Magnetic system holds its magnetic strength best during most of the magnetic flux is granted the ability to loop through ferromagnetic medium instead of air. Magnetic system in rubber coated magnet will form a magnetic circuit with ferromagnetic load after stuck to each other. Take the pull force of A43 as an example, simulation results of practical and expected arrangement reached 123.0N and 78.7N, respectively. With the same cost, practical arrangement utilizing sintered Neodymium magnets with opposite poles right next to each other exhibit much stronger pull force in comparison with the expected arrangement.

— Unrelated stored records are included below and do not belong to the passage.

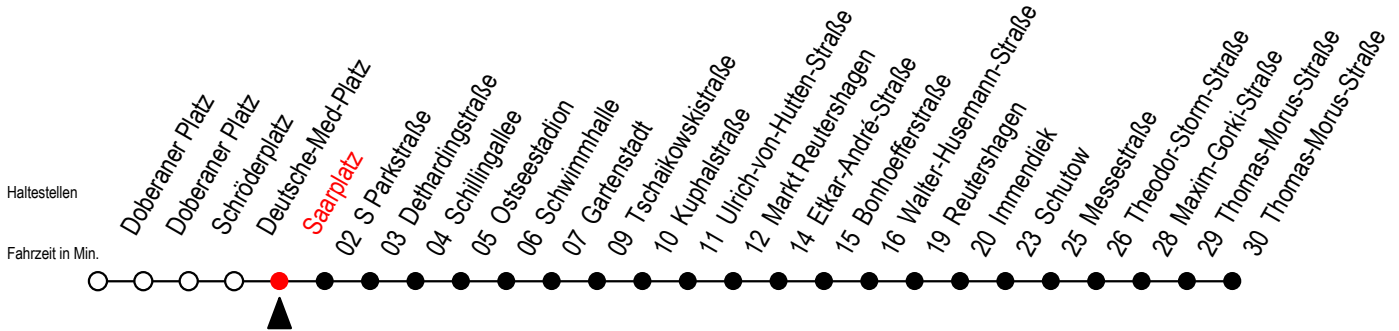

25 Saarplatz

Gültig ab 04.01.2021

Alle Angaben ohne Gewähr

Richtung: Thomas Morus Straße

Uhr Montag - Freitag					Uhr Samstag					Uhr Sonntag - Feiertag				
4	39	54 ^M			4	--				4	--			
5	09	24 ^M	39	54 ^M	5	--				5	--			
6	09	21 ^M	31	41 ^M 51 ^M	6	07	37			6	--			
7	01	11 ^M	21 ^M 31	41 ^M 51 ^M	7	07	37			7	--			
8	01	11 ^M	21 ^M 31	41 ^M 51 ^M	8	07	37			8	11	36		
9	01	11 ^M	21 ^M 31	41 ^M 51 ^M	9	07	37	54		9	06	36		
10	01	11 ^M	21 ^M 31	41 ^M 51 ^M	10	09	24	39	54	10	06	36		
11	01	11 ^M	21 ^M 31	41 ^M 51 ^M	11	09	24	39	54	11	06	36		
12	01	11 ^M	21 ^M 31	41 ^M 51 ^M	12	09	24	39	54	12	06	21 ^M	36	51 ^M
13	01	11 ^M	21 ^M 31	41 ^M 51 ^M	13	09	24	39	54	13	06	21 ^M	36	51 ^M
14	01	11 ^M	21 ^M 31	41 ^M 51 ^M	14	09	24	39	54	14	06	21 ^M	36	51 ^M
15	01	11 ^M	21 ^M 31	41 ^M 51 ^M	15	09	24	39	54	15	06	21 ^M	36	51 ^M
16	01	11 ^M	21 ^M 31	41 ^M 51 ^M	16	09	24	39	54	16	06	21 ^M	36	51 ^M
17	01	11 ^M	21 ^M 31	41 ^M 51 ^M	17	09	24	39	54	17	06	21 ^M	36	51 ^M
18	01	11 ^M	21 ^M 31	41 ^M 54 ^M	18	09	24	39	54	18	06	21 ^M	36	51 ^M
19	09	24 ^M	39	54 ^M	19	09	24	39	54	19	06	36		
20	09	24 ^M	39	54 ^M	20	09	37			20	07	37		
21	09	37			21	07	37			21	07	37		
22	07	37			22	07	37			22	07	37		
23	07	37			23	07	37			23	07	37		
0	07				0	07				0	07			

M = fährt bis Markt Reutershagen
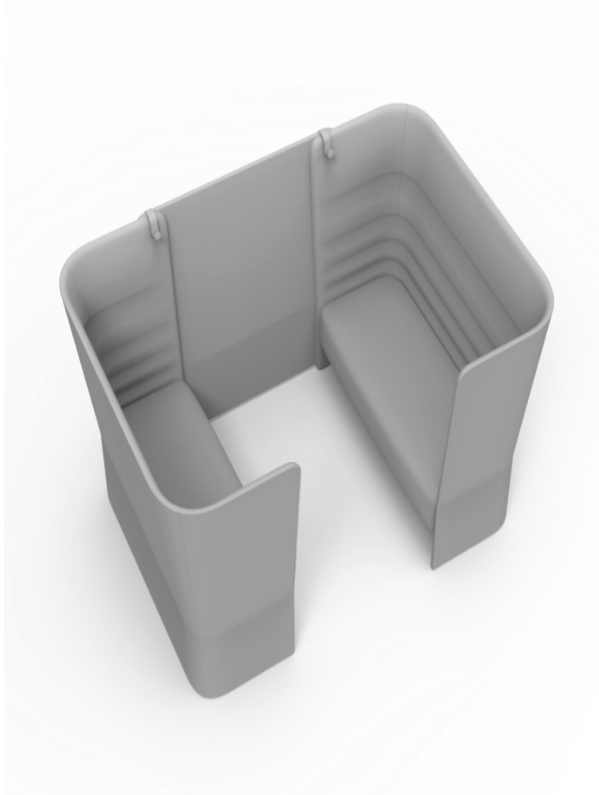

sitland

CellSpace

Cell Space - 4 places avec panneau rembourré

Materiali e rivestimenti

Revêtement

Tissu AL - Alba / FiDiVi
Colori disponibili: 10

Tissu ME - Medley / Gabriel
Colori disponibili: 15

Tissu CH - Chili / Gabriel
Colori disponibili: 10

Tissu ST - Step / Gabriel
Colori disponibili: 10

Tissu RG - Regent / Camira
Colori disponibili: 10

Tissu MF - Main Line Flaxe / Camira
Colori disponibili: 10

Tissu MW - Main Line Twist / Camira
Colori disponibili: 7
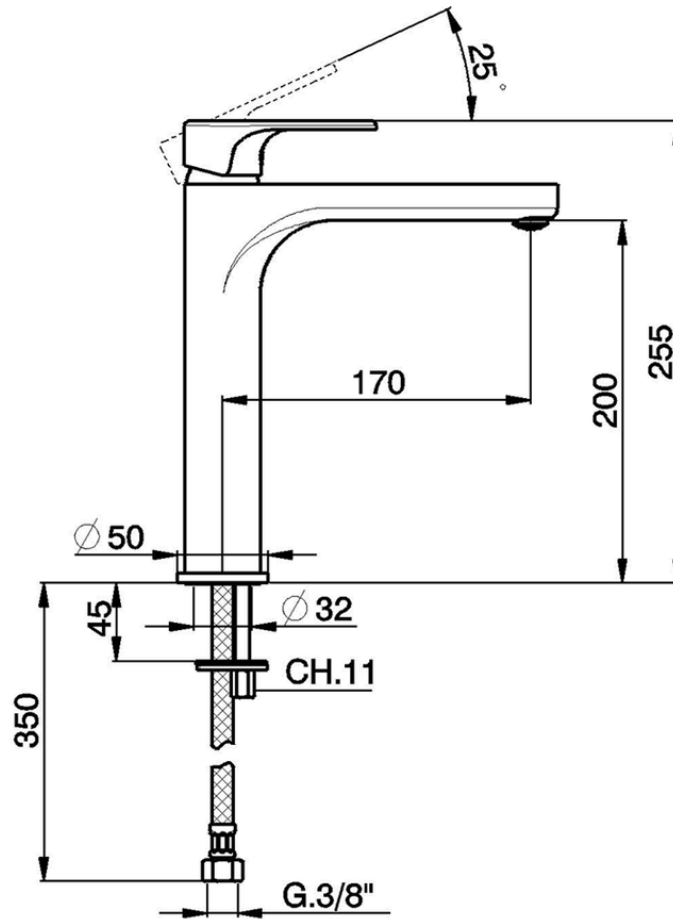

Miscelatore monocomando lavabo alto EnergySave H3_AH003545

AH003545

<http://www.huberitalia.com/miscelatore-monocomando-lavabo-alto-energysave-h3-ah003545>

2025-04-04
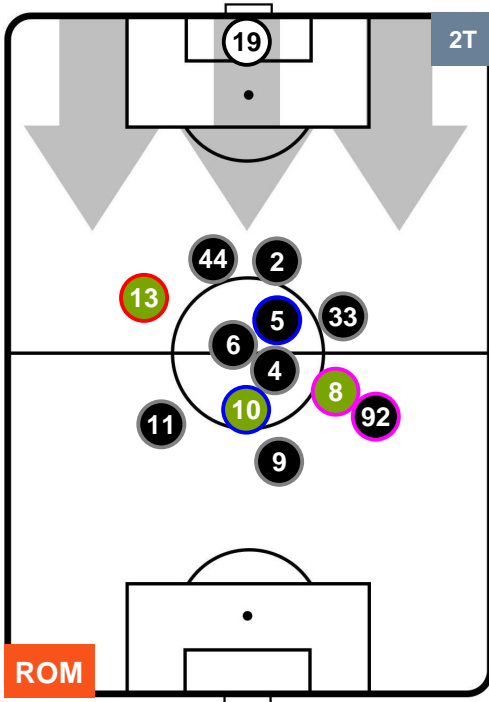

ROMA

ROM 3

2 LAZ

LAZIO

POSIZIONI MEDIE POSSESSO PALLA (avversario)

- Legenda:**
- 1ª Sostituzione ● Giocatore Entrato ● Giocatore Uscito
 - 2ª Sostituzione ● Giocatore Entrato ● Giocatore Uscito ■ Giocatore Entrato in sostituzione di ●
 - 3ª Sostituzione ● Giocatore Entrato ● Giocatore Uscito ■ Giocatore Entrato in sostituzione di ●
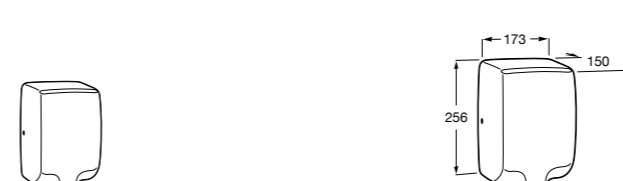

Public

817401001 Сушилка для рук с сенсорным датчиком. Глянцевая отделка.

817401002 Сушилка для рук с сенсорным датчиком. Отделка сталь-сатин.
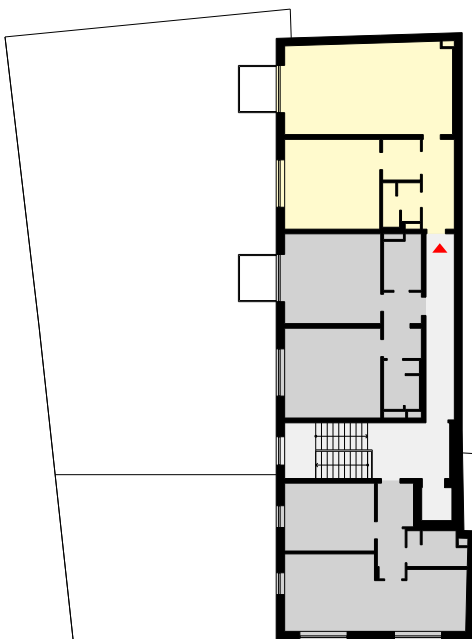

BYTOVÝ DŮM ŽERANOVSKÁ, PROSTĚJOV

5. NP

CELKOVÁ VÝMĚRA BYTU	85 m ²
VÝMĚRA BALKÓNU	5 m ²
KATEGORIE	2 + kk
PODLAŽÍ	5. NP
ORIENTACE	ZÁPAD

BYT N
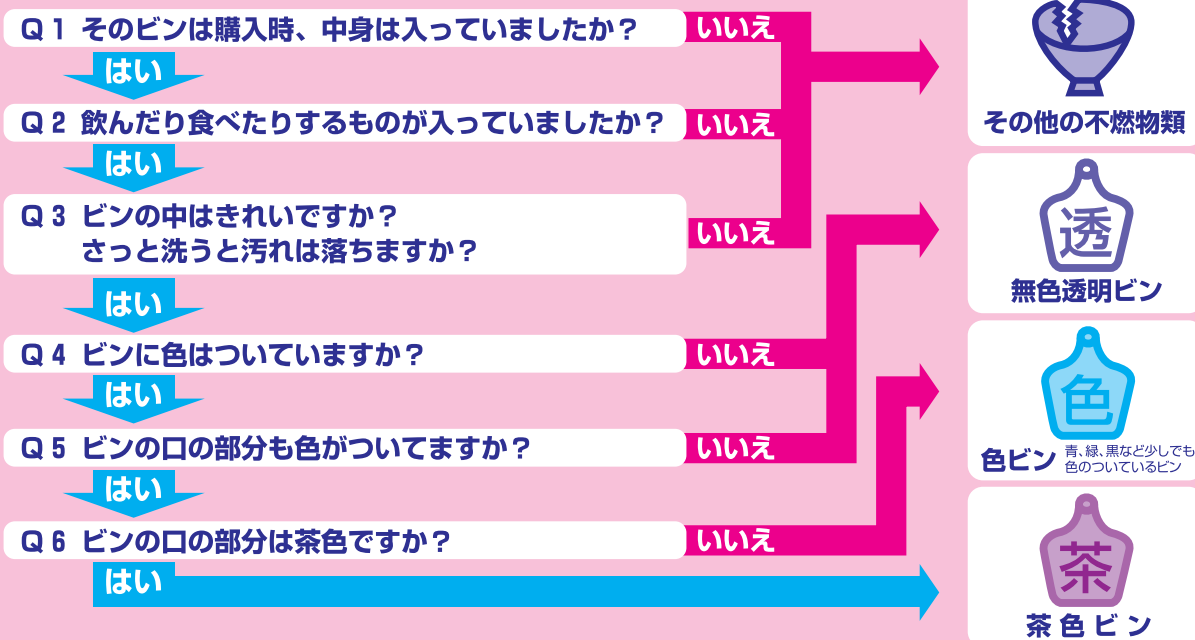

ステーションパトロールが始まるよ～

今年度も6月から「ごみステーションパトロール」がスタートします！
パトロール当日は、町内のステーションに持ち出しされている「容器包装プラ」の分別状況を点検するほか、ごみの見本品をもとに正しいごみの分別や出し方を説明いたします。日頃から分別方法がわからない、ごみの出し方や処分の方法を知りたいなどの質問等についてもお答えいたします。

- 開催場所：各町内会の公民館や集会所
- 詳しい日程：各市町（西脇市・加東市・多可町）環境行政担当課から、各町内会を通じて連絡があります。

ごみの持ち出し ビンの巻き

再確認

※ビンに貼ってあるラベル等は、簡単にはがせるようであればはがしていただきますようご協力をお願いします。
※ビンはリサイクルしています。しっかり分別・色分けし、必ず当日の朝8時までに出してください！

飲んだり食べたりするものが最初から入っていたビンだけを色分けしてね。

守ってほしい持ち出しマナー
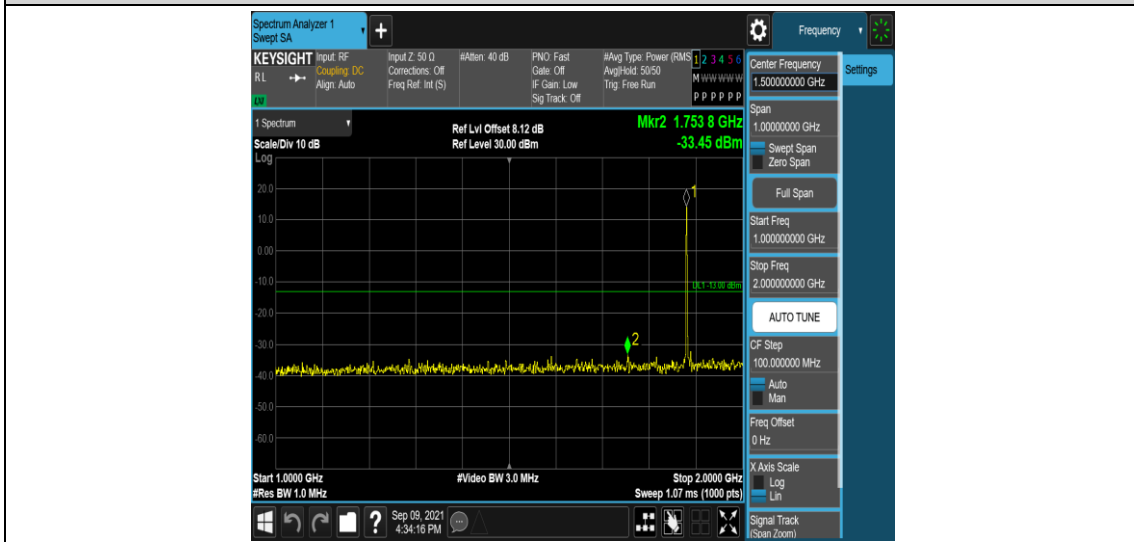

Band25-5MHz-16QAM-26365-1RB#0-Range3:30~1000MHz

Band25-5MHz-16QAM-26365-1RB#0-Range4:1000~2000MHz
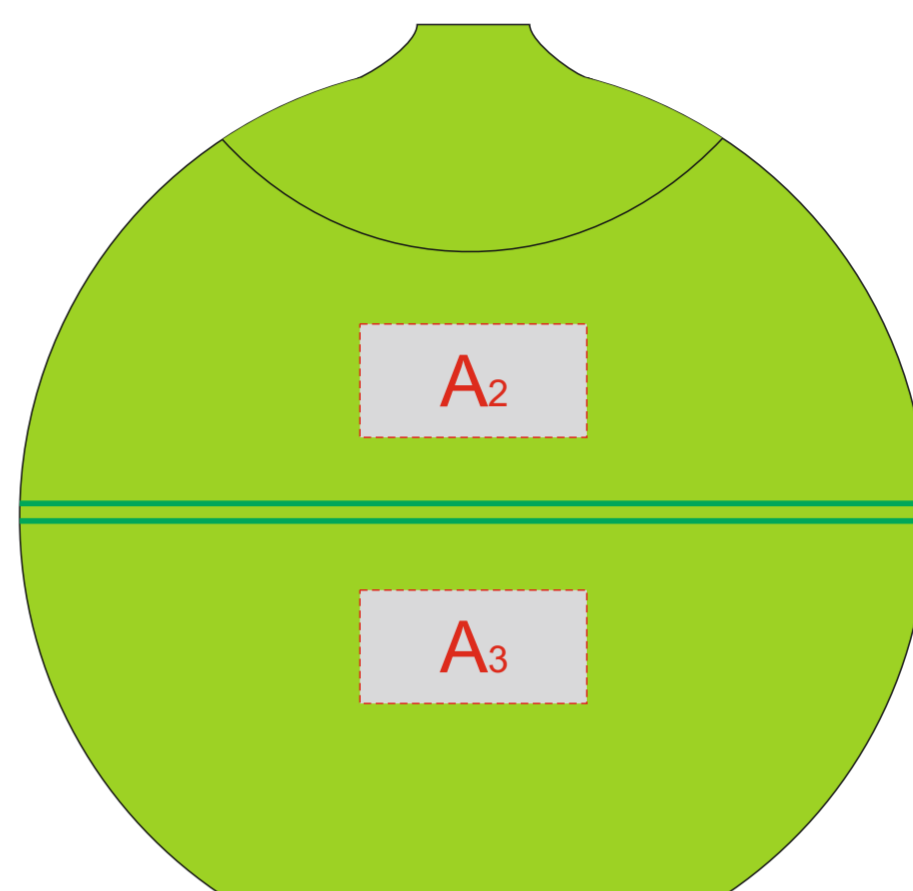

Арт. 10034002

Вид сверху

Вид спереди

Вид справа

Вид слева

A	Вид нанесения	Макс площадь (Ш*В)
	Тампопечать	30x15мм

Encapsulation process of rubber coated magnet is processed via vulcanization or injection molding technology. Vulcanization and injection molding technology is corresponding to vulcanized silicon rubber and thermo-plastic-rubber material (TPR), respectively. Injection molding technology of rubber coated magnet is belonging to overmolding process which involves 2 separate molds. The first mold produces a rubber part with cavity for the magnetic system. Magnetic system is then placed into the first rubber part. The assembly is subsequently inserted into the second mold where the second half of rubber part in injected, covering the magnetic system and fusing with the first half of the rubber part. For rubber coated magnet, injection molding technology is the more conventional encapsulation process compared with vulcanization technology due to the production efficiency, raw material cost, utilization rate of recycled material, and color flexibility. Even vulcanization technology is generally condemned for relatively higher cost, but vulcanized silicon rubber coating can serve more superior durability and slide resistance to rubber coated magnet.